**TASK GOAL:** Within the entries below, every line containing "diverter" is to be copied.

**DATA:**
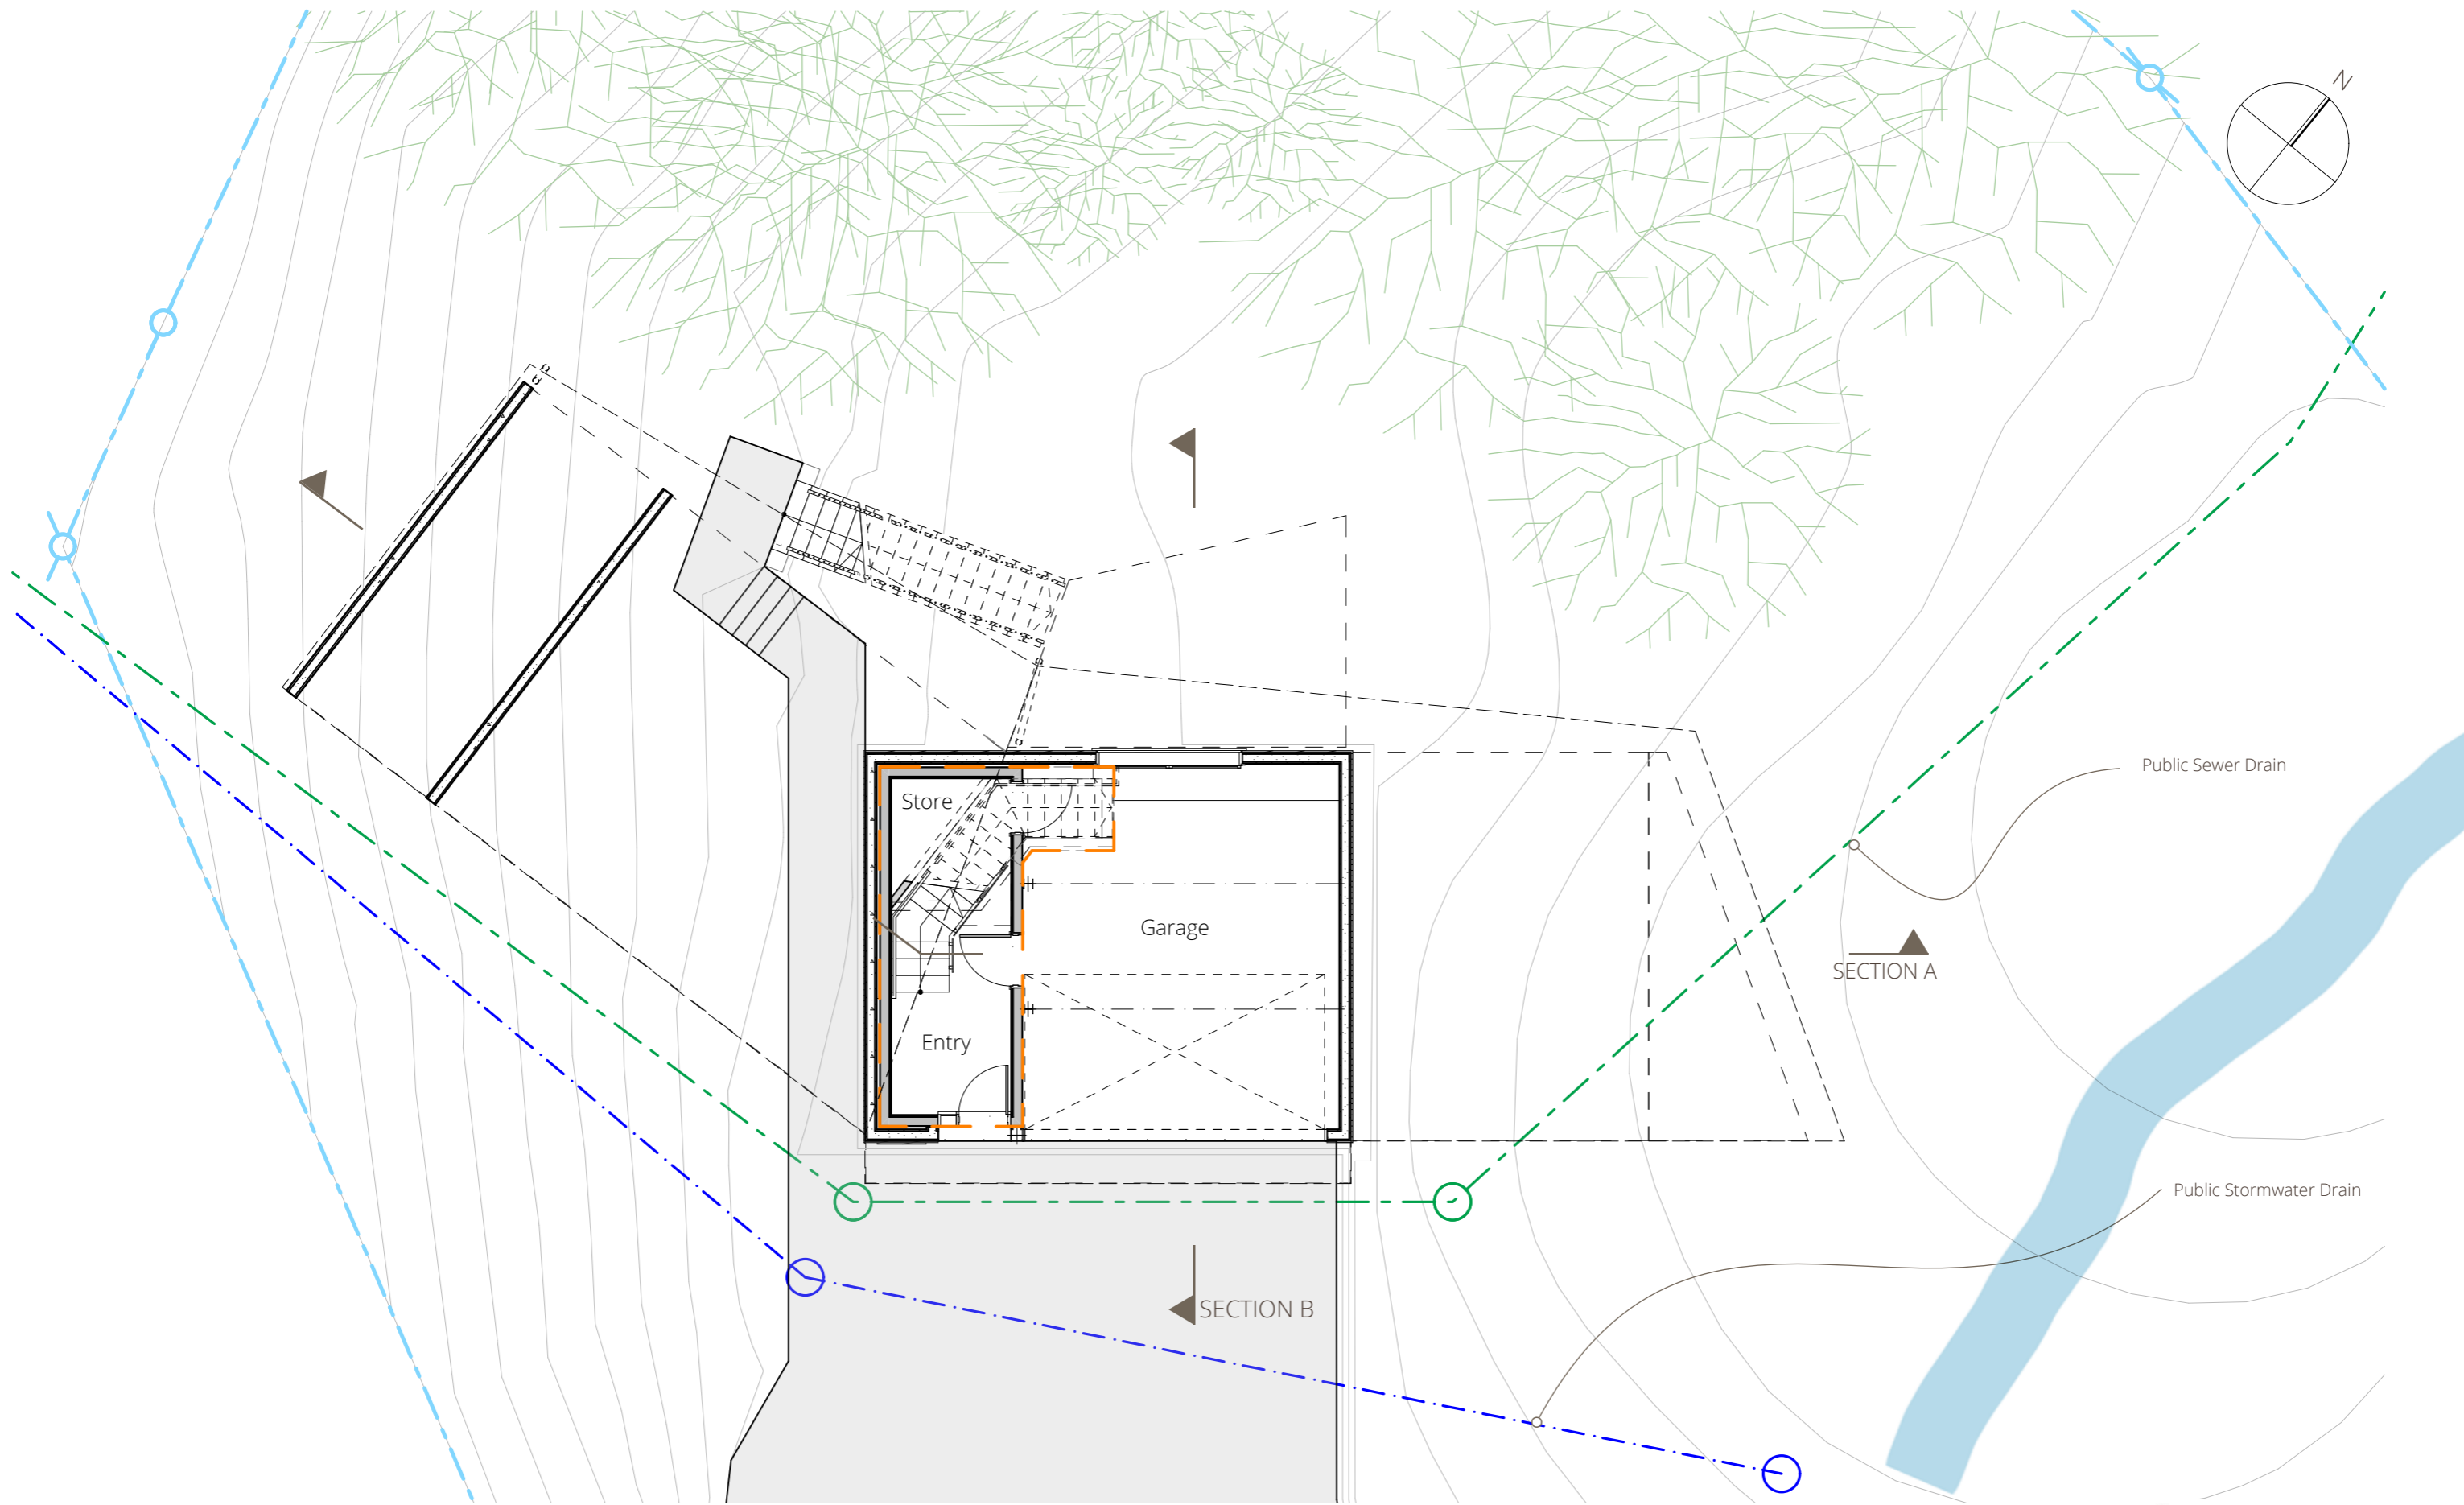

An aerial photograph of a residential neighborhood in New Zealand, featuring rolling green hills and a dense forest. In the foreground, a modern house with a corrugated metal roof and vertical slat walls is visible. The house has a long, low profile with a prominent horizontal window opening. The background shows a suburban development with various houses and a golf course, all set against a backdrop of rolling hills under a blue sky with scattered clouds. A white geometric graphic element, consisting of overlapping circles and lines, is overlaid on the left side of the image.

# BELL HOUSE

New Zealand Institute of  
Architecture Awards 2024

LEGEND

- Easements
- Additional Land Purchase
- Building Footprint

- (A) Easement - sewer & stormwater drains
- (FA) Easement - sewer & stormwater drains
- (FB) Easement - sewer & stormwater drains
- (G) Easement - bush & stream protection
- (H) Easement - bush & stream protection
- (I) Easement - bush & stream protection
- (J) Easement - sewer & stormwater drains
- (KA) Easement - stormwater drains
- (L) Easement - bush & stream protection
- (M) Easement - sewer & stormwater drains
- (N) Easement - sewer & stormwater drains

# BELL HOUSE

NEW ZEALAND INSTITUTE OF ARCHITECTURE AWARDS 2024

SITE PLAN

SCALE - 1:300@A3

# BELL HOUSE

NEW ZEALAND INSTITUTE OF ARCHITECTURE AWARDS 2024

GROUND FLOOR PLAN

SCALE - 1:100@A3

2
--
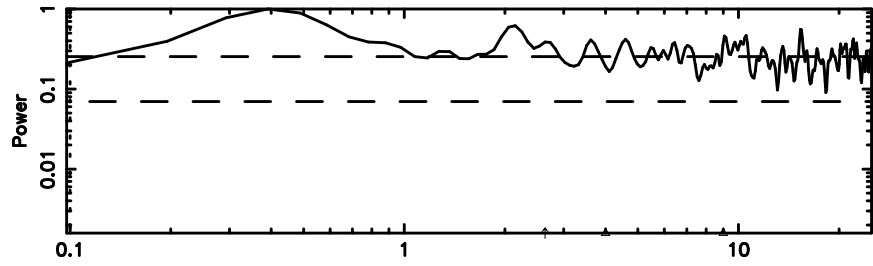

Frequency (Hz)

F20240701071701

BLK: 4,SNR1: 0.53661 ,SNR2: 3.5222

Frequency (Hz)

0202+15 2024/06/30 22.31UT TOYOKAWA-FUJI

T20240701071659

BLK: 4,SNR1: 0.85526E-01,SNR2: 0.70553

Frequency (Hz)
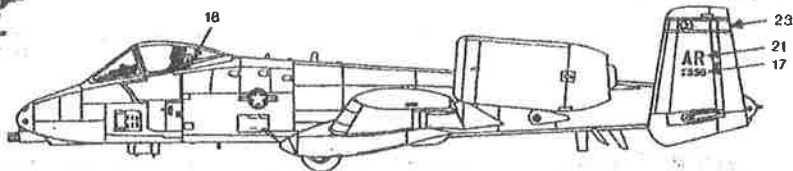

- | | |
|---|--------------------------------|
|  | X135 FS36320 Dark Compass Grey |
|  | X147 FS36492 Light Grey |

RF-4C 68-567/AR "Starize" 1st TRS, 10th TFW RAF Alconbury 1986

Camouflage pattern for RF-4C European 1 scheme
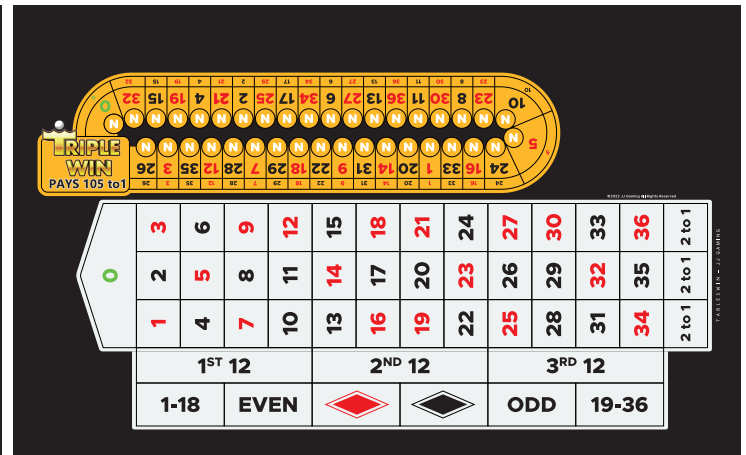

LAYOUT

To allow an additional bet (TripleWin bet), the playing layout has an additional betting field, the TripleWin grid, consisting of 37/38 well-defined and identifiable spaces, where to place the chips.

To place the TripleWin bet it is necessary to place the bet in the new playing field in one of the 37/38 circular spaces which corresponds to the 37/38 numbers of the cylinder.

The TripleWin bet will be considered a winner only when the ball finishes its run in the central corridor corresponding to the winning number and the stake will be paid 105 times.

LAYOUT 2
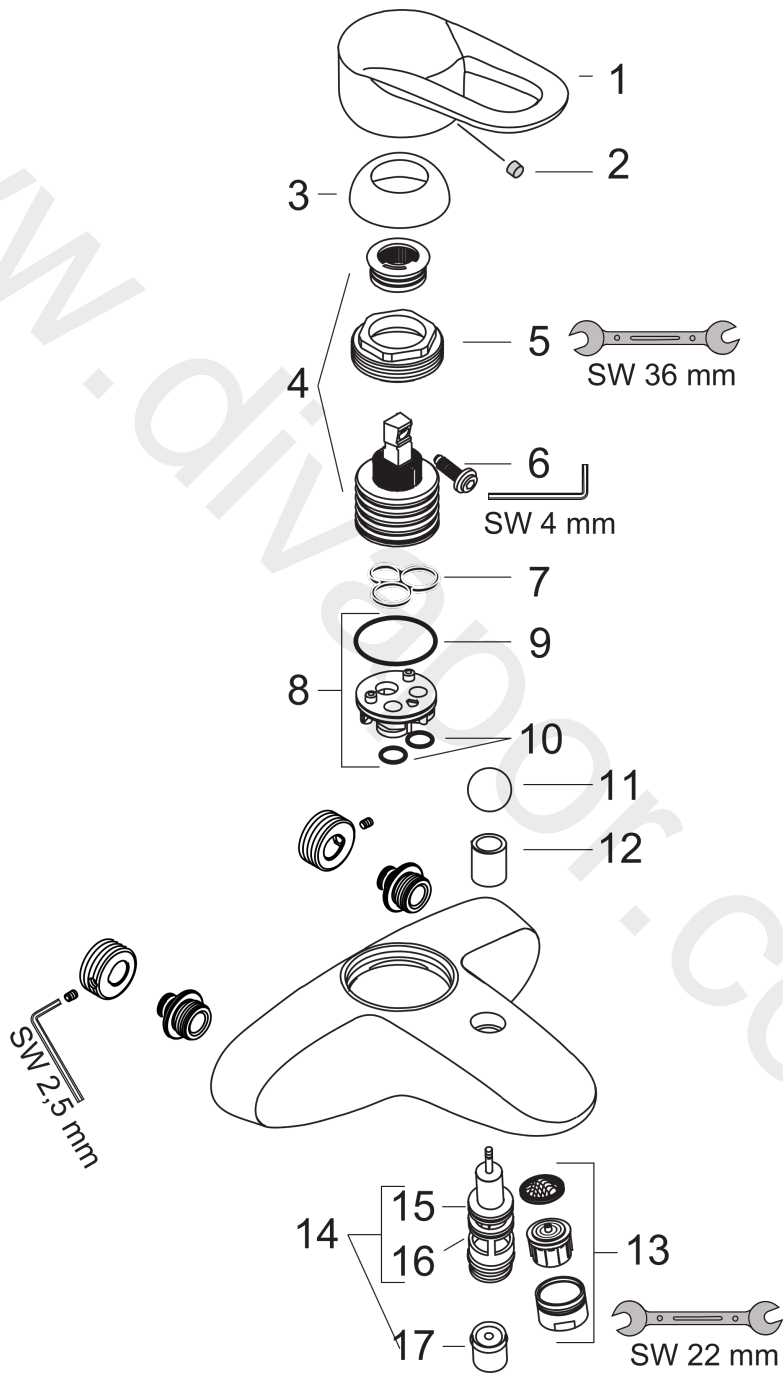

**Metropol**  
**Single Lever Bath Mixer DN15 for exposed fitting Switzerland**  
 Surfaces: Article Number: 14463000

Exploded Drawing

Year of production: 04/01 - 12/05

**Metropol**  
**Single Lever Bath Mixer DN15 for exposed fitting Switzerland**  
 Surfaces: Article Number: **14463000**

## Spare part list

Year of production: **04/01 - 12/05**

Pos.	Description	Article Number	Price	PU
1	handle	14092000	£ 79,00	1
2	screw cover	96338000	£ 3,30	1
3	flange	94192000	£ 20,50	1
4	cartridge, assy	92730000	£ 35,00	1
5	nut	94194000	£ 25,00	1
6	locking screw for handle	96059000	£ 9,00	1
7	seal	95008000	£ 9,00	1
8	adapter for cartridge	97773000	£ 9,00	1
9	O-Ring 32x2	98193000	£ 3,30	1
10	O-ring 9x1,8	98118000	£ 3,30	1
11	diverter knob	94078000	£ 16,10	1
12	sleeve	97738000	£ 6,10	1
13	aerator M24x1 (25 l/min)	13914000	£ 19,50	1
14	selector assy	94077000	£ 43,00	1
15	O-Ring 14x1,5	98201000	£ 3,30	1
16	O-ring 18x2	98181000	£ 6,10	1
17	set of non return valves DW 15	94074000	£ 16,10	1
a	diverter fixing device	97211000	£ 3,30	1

**RESPONSE:**
11	diverter knob	94078000	£ 16,10	1
a	diverter fixing device	97211000	£ 3,30	1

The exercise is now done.